How to solve $e^{5k}-e^{-5k}=3$?

Question

$$e^{5k}-e^{-5k}=3$$ How do I solve for k using the substitution $y=e^{5k}$ by making it into a quadratic equation?

Answer 1

Hint: recall that $e^{-5x}=\frac{1}{e^{5x}}\equiv \frac1y$ where the last equivalence is using your substituion.

From here you should know how to go about.

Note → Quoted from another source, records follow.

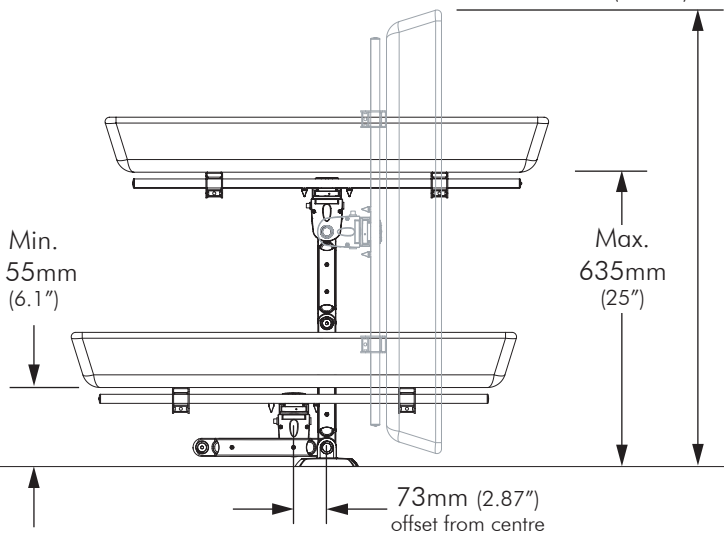

Flat Screen Wall Mount | Full Motion

General Features

MAXIMUM LOAD: 50 kg (110 lbs)

DISPLAY COMPATIBILITY: Supports Displays with mounting hole configurations: from 150mm to 805 wide (6" to 31.75") and 140mm to 500mm high (5.5" to 19.75").

FASTENERS: All fasteners included.

WARRANTY: Limited 10 years (parts and workmanship).

Dimensions

Mounting Plate

- The Wall Bracket is to be installed vertically.
- The Wall Bracket can be mounted to either: Timber Stud Wall, or Masonry Wall

Articulated Arm Range of Movement

Distance from Wall

Max. display width at 90°
1020mm (40.18")

Min.
155mm
(6.1")

Max.
635mm
(25")

73mm (2.87")
offset from centre

Side View

Tilt Adjustment

Dimensions (continued)

Front View

Horizontal Range of Movement

Super Hint: Using the substitution together with the first hint we obtain $$y-\frac1y=3$$ and multiplying with $y$ we obtain $$y^2-1=3y$$ Now you definitely need to solve this one yourself (and keep in mind that $y=0$ cannot be a solution, although in this case it is anyway not a candidate)

Answer 2

$$e^{5k}-e^{-5k}=3\Longleftrightarrow (e^{5k})^2- 3e^{-5k} -1 = 0\Longleftrightarrow X^2 -3X -1 =0 $$ With $X=e^{5k}$, $$\Delta = 13$$

Then $$X=\frac{3 \pm\sqrt{13}}{2}$$

But $e^{5k} =X>0$ and $\frac{3 -\sqrt{13}}{2}<0$ so $$X=\frac{3 +\sqrt{13}}{2}$$

hence $$k = \frac15 \ln\left( \frac{3 +\sqrt{13}}{2}\right)$$